Science Fair Project Encyclopedia
Zulu is a 1964 film depicting the 1879 Battle of Rorke's Drift between the colonial British and the Zulus. The film was directed by Cy Endfield and starred Stanley Baker, Jack Hawkins and Michael Caine. The film is essentially of the Western movie genre, but located in South Africa with the traditional roles of the United States and Native Americans taken by the British and the Zulus respectively. While lacking any significant Zulu point of view, the film acknowledges the Zulus' bravery.
Tagline: Dwarfing The Mightiest! Towering Over The Greatest!
The Battle of Rorke's Drift was part of the Anglo-Zulu War, where 150 British redcoats held off 5,000 Zulu warriors. Eleven Victoria Crosses were won in the action, the most in a single battle, thus ensuring its place in British military history.
The film contains a number of factual errors, including:
- The Swedish missionaries (the Witts) were not at the Battle of Rorke's Drift.
- The 24th Regiment of Foot is described as a Welsh regiment: in fact, although based in Brecon, its designation was the 2nd Warwickshire Regiment ; it did not become the South Wales Borderers until 1881. A majority of its members were actually English.
- The song Men of Harlech features prominently as the regimental song; it did not become so until later.
- The actors have a more modern appearance than their characters did. Michael Caine, for example, with his shiny teeth and groomed blonde hair, bore little resemblance to the real Gonville Bromhead, who was rather old for his rank and had begun to go deaf. Many of the men, including Bromhead and Chard, wore full beards.
- The British infantrymen of the Anglo-Zulu War did not wear sparkling white helmets and scarlet uniforms - their uniforms were always covered in dust, and the soldiers dyed their helmets brown with tea, as white helmets could easily be seen from miles away in South Africa.
- The seniority of Chard and Bromhead (measured by their dates of commission) was greater than three months.
- There was no dispute over command. Lieutenant Chard had been left in command, due to seniority, by Major Spalding well before the battle.
- Private Henry Hook VC is depicted as a rogue; in fact he was a model soldier who later became a sergeant. While the film has him in the hospital "malingering, under arrest", he had actually been assigned there specifically to guard the hospital building.
- Conversely, Corporal Allen is depicted as a model soldier; in fact, he had recently been demoted from sergeant for drunkenness.
- Colour Sergeant Bourne is depicted as a big, hardened, middle-aged veteran; in fact, he was a small man and, in his twenties, the youngest colour sergeant in the British Army.
- The role of Reverend "Ammunition" Smith is completely overlooked.
- The building of defensive ramparts and initial defence of Rorke's Drift was in actual fact organized by Acting Assistant Commisary James Langley Dalton. His distinction was ignored until several years after the battle and the credit was given to Lieutenants Chard and Bromhead. While the film portrays Dalton as rather effete and utterly unsoldierly, the real Dalton had retired as a Quartermaster Sergeant after 22 years of service in the British Army before joining the Commissariat and Transport Department .
- A column of cavalry really did pass by the mission station at Rorke's Drift and refuse to help in its defense. Left out of the film is the fact that some of the defenders actually fired on them as they retreated, killing one of the cavalrymen.
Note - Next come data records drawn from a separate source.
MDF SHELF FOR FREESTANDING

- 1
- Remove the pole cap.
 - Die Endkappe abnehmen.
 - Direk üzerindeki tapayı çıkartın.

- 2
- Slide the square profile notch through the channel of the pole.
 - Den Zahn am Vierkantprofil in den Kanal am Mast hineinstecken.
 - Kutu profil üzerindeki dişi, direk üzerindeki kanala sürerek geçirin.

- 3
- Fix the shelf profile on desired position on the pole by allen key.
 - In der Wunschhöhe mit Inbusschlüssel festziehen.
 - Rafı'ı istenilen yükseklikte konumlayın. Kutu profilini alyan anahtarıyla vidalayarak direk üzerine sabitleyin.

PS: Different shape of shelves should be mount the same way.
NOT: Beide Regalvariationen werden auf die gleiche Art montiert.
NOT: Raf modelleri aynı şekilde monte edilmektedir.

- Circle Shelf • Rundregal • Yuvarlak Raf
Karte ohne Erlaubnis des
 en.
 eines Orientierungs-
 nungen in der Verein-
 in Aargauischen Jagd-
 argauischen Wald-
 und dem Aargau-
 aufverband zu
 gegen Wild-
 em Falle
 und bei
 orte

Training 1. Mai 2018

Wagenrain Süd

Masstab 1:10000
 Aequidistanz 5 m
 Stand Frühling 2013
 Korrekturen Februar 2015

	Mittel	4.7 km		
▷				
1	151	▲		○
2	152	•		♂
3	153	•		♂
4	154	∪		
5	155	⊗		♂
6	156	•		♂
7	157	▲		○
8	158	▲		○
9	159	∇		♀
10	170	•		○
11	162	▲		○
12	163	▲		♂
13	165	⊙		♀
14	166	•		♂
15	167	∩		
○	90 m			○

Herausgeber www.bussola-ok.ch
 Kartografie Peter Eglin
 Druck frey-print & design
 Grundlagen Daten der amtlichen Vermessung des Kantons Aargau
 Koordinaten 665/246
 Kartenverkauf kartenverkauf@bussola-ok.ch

- The real Sergeant Maxfield, like the film version, was delirious with fever. However, he was too weak to leave his bed and was stabbed to death by Zulus while the other sick and injured were being evacuated from the room.
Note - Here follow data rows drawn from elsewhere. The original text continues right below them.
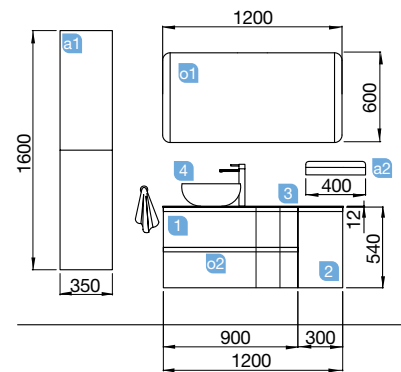

Fondo 50

MAM 900/D night blue

DOS CAJONES CON FRENO

MAM 1200/D white cotton

MUEBLE 900+COQUETA 300

COD.	DESCRIPCIÓN	€
COMPOSICION 1200/D		
1	83860 Mueble suspendido MAM 900 white cotton derecho, 2 cajones metálicos con freno 897 x 540 x 505 mm	849
2	83870 Coqueta suspendida MAM 300 white cotton derecha 1 puerta con freno. 300 x 540 x 404 mm	179
3	83882 Encimera MAM 1200 derecha solid surface para lavabo de posar. 1210 x 12 x 510 mm	309
4	26536 Lavabo de posar BOL solid surface sin sifón ni desagüe clicker. d. 390 x 140 mm	205
PRECIO TOTAL DEL CONJUNTO		1542
OPCIONALES		
COD.	DESCRIPCIÓN	€
o1	23407 Espejo CANDEM 1200 horizontal vertical con luz led (9,6 W) IP 44 1200 x 600 mm	424
o2	16994 Sifón válvula abierta con desagüe latón cromado	61
AUXILIARES		
COD.	DESCRIPCIÓN	€
a1	81729 Pilar suspendido ALLIANCE white cotton izquierdo / derecho 2 puertas apertura push 350 x 1600 x 349 mm	325
a2	82333 Repisa barandilla 400 solid surface 400 x 88 x 120 mm	91
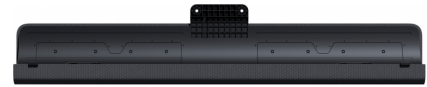

## Loewe Klang Bar - Basalt Grey

Fabrikant: Loewe  
Model: Klang Bar - Basalt Grey  
Beschikbaarheid: Leverbaar, 2 tot 4 werkdagen

**€299,00**  
Excl BTW: €247,11

Deze **Loewe Klang Bar - Basalt Grey** brengt je audiovisuele ervaring naar een hoger niveau met zijn krachtige geluidskwaliteit en stijlvolle design. De soundbar beschikt over voorwaarts gerichte drivers die een kristalhelder surroundgeluid produceren, perfect afgestemd op de Loewe bild i. Dankzij de eenvoudige montage met meegeleverde schroeven is hij binnen seconden geïnstalleerd, zonder technische kennis. Het harmonieuze ontwerp, inclusief hoogwaardige akoestische stof, zorgt voor een naadloze integratie in je woonruimte. Geen rommelige kabels of onhandige aansluitingen, alleen een verfijnde uitstraling en superieure geluidswaardigheid.

### Kenmerken van de Loewe Klang Bar - Basalt Grey

- Voorwaarts gerichte drivers voor een rijke surround sound
- Snelle montage met meegeleverde schroeven
- Harmonisch design met hoogwaardige akoestische stof
- Naadloze integratie met de Loewe bild i
- Geen rommelige kabels dankzij slimme aansluiting

### Krachtige geluidswaardigheid

De Loewe Klang Bar - Basalt Grey beschikt over geoptimaliseerde drivers die het geluid naar voren projecteren, waardoor je een diepe en heldere audio-ervaring krijgt. Dit zorgt voor een meeslepende surround sound zonder extra speakers.

### Eenvoudige installatie en harmonieus design

Met de meegeleverde schroeven monteert je de soundbar moeiteloos op de Loewe bild i, waardoor hij direct klaar is voor gebruik. Het strakke design en de akoestische stof zorgen voor een stijlvolle en rustige uitstraling in je interieur.
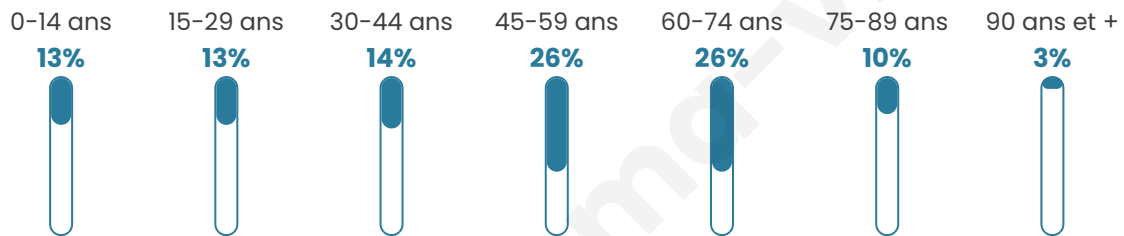

331

Age moyen

48 ans

Pop active

45.3%

Taux chômage

11.3%

Pop densité

30 h/km²

Revenu moyen

21 650 €/an

Evolution du nombre d'habitants

Sources : Institut national de la statistique et des études économiques (insee) selon Les dernières parutions officielles de 2024 portant sur les années 2020, 2021 et 2022.

Tranche d'âge

Activité professionnelle

Niveau de diplôme

Composition des ménages

Profils électoraux

Premier tour

	Marine LE PEN	24.00 %
	Emmanuel MACRON	17.50 %
	Jean LASSALLE	12.50 %
	Jean-Luc MÉLENCHON	12.50 %
	Éric ZEMMOUR	9.50 %
	Fabien ROUSSEL	8.50 %
	Anne HIDALGO	5.50 %
	Valérie PÉCRESSE	4.00 %
	Yannick JADOT	3.00 %
	Nicolas DUPONT-AIGNAN	2.00 %
	Philippe POUTOU	1.00 %
	Nathalie ARTHAUD	0.00 %

257 inscrits

Participation : 78.99%

Votes blancs : 1.48%

Votes nuls : 0.00%

Second tour

	Emmanuel MACRON	43,89 %
	Marine LE PEN	56,11 %

257 inscrits

Participation : 79.77%
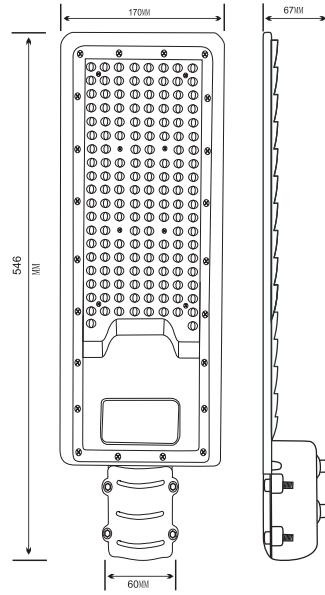

150W

EC20481

200W

EC20482
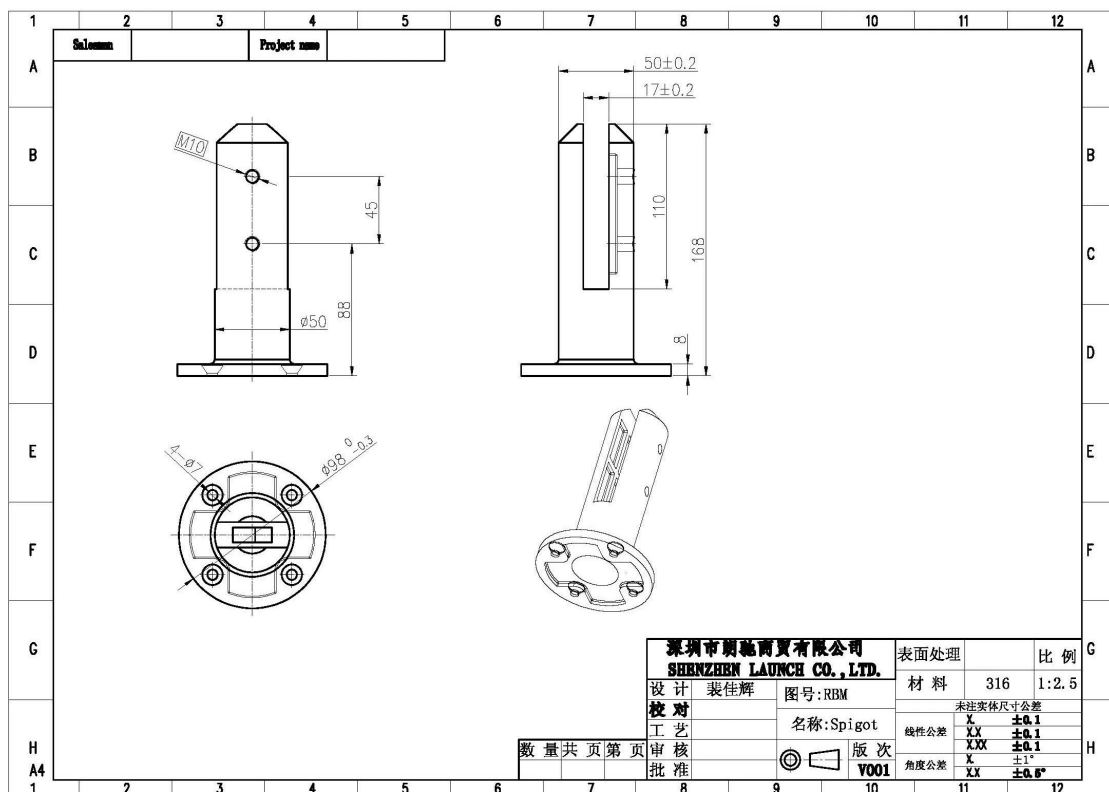

Shenzhen Einführungsangebot **Duplex 2205 Deck Zapfen** mit günstigen Preisen, und entspricht dem australischen Normen.

Duplex 2205 Zapfen hat stärkere Rostbeständigkeit als rostfreier Stahl 316 Stutzen, in der Regel etwa Salzbäder oder Bade appied.

Nachfolgend finden Sie ausführliche Informationen für unsere **rund Typ Deck Zapfen** , Modell-Nr. RBM

Bildmaterialien zur Verfügung	316/316/2205-Duplex Edelstahl
Oberfläche	Poliert oder gebürstet
Verpackungsdetails	1 Stück Deck Zapfen in eine kleine weiße Box, 10 Stück in einem Karton
Glasstärke vorgeschlagen	8mm bis 13.52mm
Stückpreis	USD 20 USD --- 30

Abmessungen für runde Deck Zapfen RBM

Fotos für Rund Deck Zapfen RBM
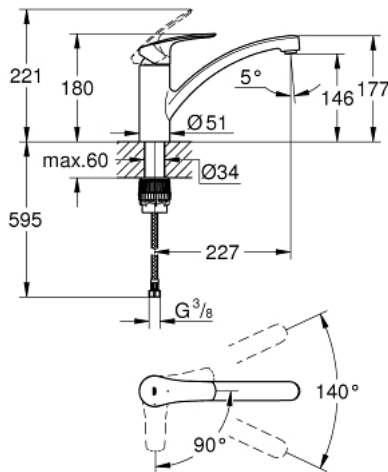

32 221 003 EUROSMART MITIGEUR MONOCOMMANDE EVIER

DESCRIPTION DU PRODUIT

- **Bec bas**
- Monotrou sur plage
- **GROHE StarLight** Chrome éclatant et durable
- Cartouche en céramique 35 mm C3 avec économie d'énergie ouverture dans l'axe en eau froide, butée Eco
- Bec moulé pivotant
- Zone de rotation 140°
- **GROHE Zero conduit d'eau isolé sans plomb ni nickel**
- Mousseur avec fente, pour un remplacement sans outil
- Flexibles de raccordement souples 3/8"
- **GROHE FastFixation Plus** installation ultra rapide

32 221 003 EUROSMART MITIGEUR MONOCOMMANDE EVIER

PIÈCES DÉTACHÉES

- 1: levier (N ° de commande 48540000)
- 2: Capuchon de recouvrement (N ° de commande 46492000)
- 3: anneau fileté (N ° de commande 46815000)
- 4: Cartouche (N ° de commande 46824000)
- 5: brise-jet (N ° de commande 48356000)
- 6: **Kit de fixation** (N ° de commande 48477000)
- 7: Clé (N ° de commande 19332000)*
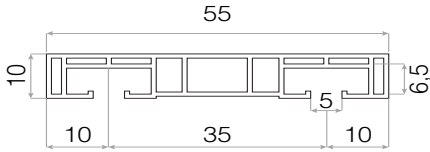

Marka

SLIMFLEX

SLIMFLEX

SLIMFLEX

Kalite

SÜPER

EXPORT

EXPORT GOLD

Profil Ağırlığı

205-215 g/m

225-235 g/m

280-290 g/m

Ürün kodu

SFX-057

SFX-002

SFX-059

Uzunluk (cm)

300, 350, 400, 450,
500, 600, 700

600-700

600-700

Fiyat (TL/m)

-

-

-

Bağ: 30 Adet

Bağ: 30 Adet

Bağ: 30 Adet

- Private Cole was assigned to defend the hospital, not the perimeter. He was killed when he ran out of the hospital alone, possibly due to claustrophobia. Since he was killed by a bullet to the head, his last words in the film are unlikely to be authentic.
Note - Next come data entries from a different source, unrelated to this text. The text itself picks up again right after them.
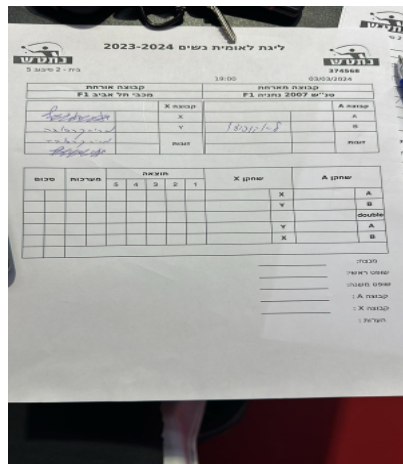

קבוצה אורחת			קבוצה מארחת		
מכבי תל אביב F1			טנ"ש 2007 נתניה F1		
מכבי תל אביב F1		קבוצה X	טנ"ש 2007 נתניה F1		קבוצה A
שם:	ת"ז:	X	שם:	ת"ז:	A
שם:	ת"ז:	Y	שם:	ת"ז:	B
	0	זוגות		0	זוגות
	0			0	

סכום	מערכות	תוצאה					שחקן X	שחקן A
		5	4	3	2	1		
							X	A
							Y	B
						/	Db	Db
							Y	A
							X	B
0	0							

מנצח: קובי שרון

שופט ראשי: שופט משנה: \_\_\_\_\_

קבוצה A : טנ"ש 2007 נתניה F1

קבוצה X : מכבי תל אביב F1

הערות :
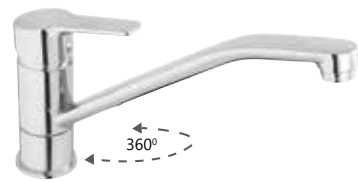

Uno-20

N00001

Кухонный смеситель

- Corporal Schiess was significantly younger than the actor who portayed him. At the time of his death in 1884 - five years after the battle - he was 28 years of age.
- Private Hitch was shot through the shoulder, not the leg.
- The rifles used by the Zulus were not taken from the British column at Isandlwana, but had been purchased much earlier. The Zulu impis that attacked Rorke's Drift had not participated in the Battle of Isandlwana.
- The ending is somewhat fictional. The Zulus did not sing a song saluting fellow braves and depart. They fled at the approach of a British relief column. This concession was made during filming for the current Zulu Chief, Mangosuthu Buthelezi.
Awards & Homages
Other films have made small homages to Zulu:
- In a contrived scene in Tango & Cash , the title characters compare the month of their birthdays. The results are the same that the commanders in Zulu have when comparing their commission dates (May and February).
- In opening scene of Gladiator, as the armies approach each other, the sound (from this movie) of the Zulu marching chant can be heard.